#### What is being asked:
In the lines below, find the one that contains "Área de Sevilla" and write it out exactly, along with every line that follows it.

#### Records for this task:
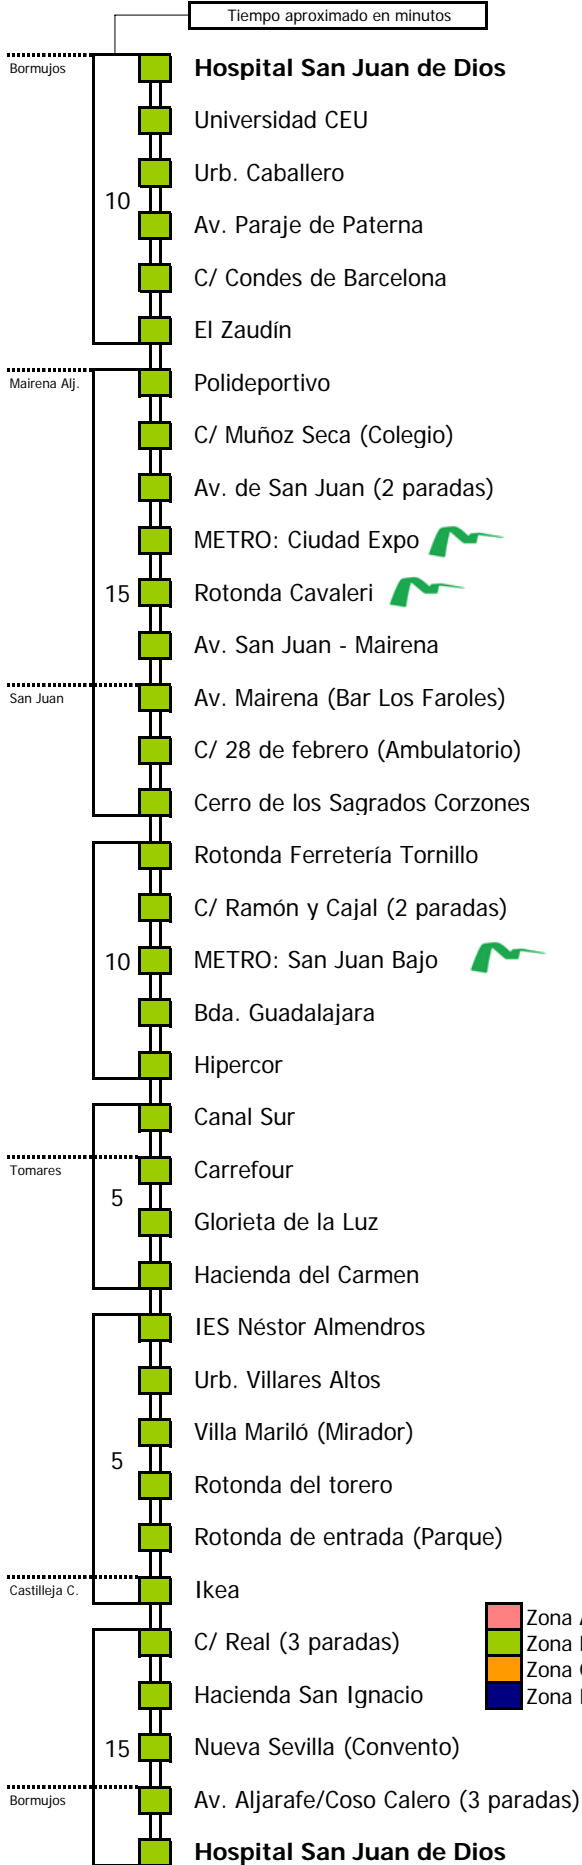

Tiempo aproximado en minutos

Horario aproximado salvo dificultades de tráfico

HORARIO REGULAR

Válido desde el 1 de septiembre de 2011

D E L U N E S A V I E R N E S																							
05	06	07	08	09	10	11	12	13	14	15	16	17	18	19	20	21	22	23	24	01	02	03	04
45	15	00	15	30	00	00	00	00	30	30	30	45	45	00	00								
			30	45		30	30	30	30														

Lectura de la tabla

La línea superior representa las horas y las inferiores, los minutos.

Ej: el autobús sale a las 21.30 horas

Para más información, llame al
902 450 550
 ó escriba a
usuarios@ctas.es

Consortio de Transporte Metropolitano
Área de Sevilla

Tiempo aproximado en minutos

- Zona A
- Zona B
- Zona C
- Zona D

Horario aproximado salvo dificultades de tráfico

HORARIO REGULAR

Válido desde el 1 de septiembre de 2011

D		E		L U N E S					A V I E R N E S														
05	06	07	08	09	10	11	12	13	14	15	16	17	18	19	20	21	22	23	24	01	02	03	04
45	15	00	15	30	00	00	00	00	45	45	45	00	00	15	15								
			30	45	30	30	30	45															

S Á B A D O S																							
05	06	07	08	09	10	11	12	13	14	15	16	17	18	19	20	21	22	23	24	01	02	03	04
00	00	00	00	00	00	00	00	00	00	00	00	00	00	00	00	00	00	00	00	00	00	00	00

1 No pasa por el Cerro de los Sagrados Corzones

#### Solution to the exercise:
Área de Sevilla

Tiempo aproximado en minutos

- Zona A
- Zona B
- Zona C
- Zona D

Horario aproximado salvo dificultades de tráfico

HORARIO REGULAR

Válido desde el 1 de septiembre de 2011

D		E		L U N E S					A V I E R N E S														
05	06	07	08	09	10	11	12	13	14	15	16	17	18	19	20	21	22	23	24	01	02	03	04
45	15	00	15	30	00	00	00	00	45	45	45	00	00	15	15								
			30	45	30	30	30	45															

S Á B A D O S																							
05	06	07	08	09	10	11	12	13	14	15	16	17	18	19	20	21	22	23	24	01	02	03	04
00	00	00	00	00	00	00	00	00	00	00	00	00	00	00	00	00	00	00	00	00	00	00	00

1 No pasa por el Cerro de los Sagrados Corzones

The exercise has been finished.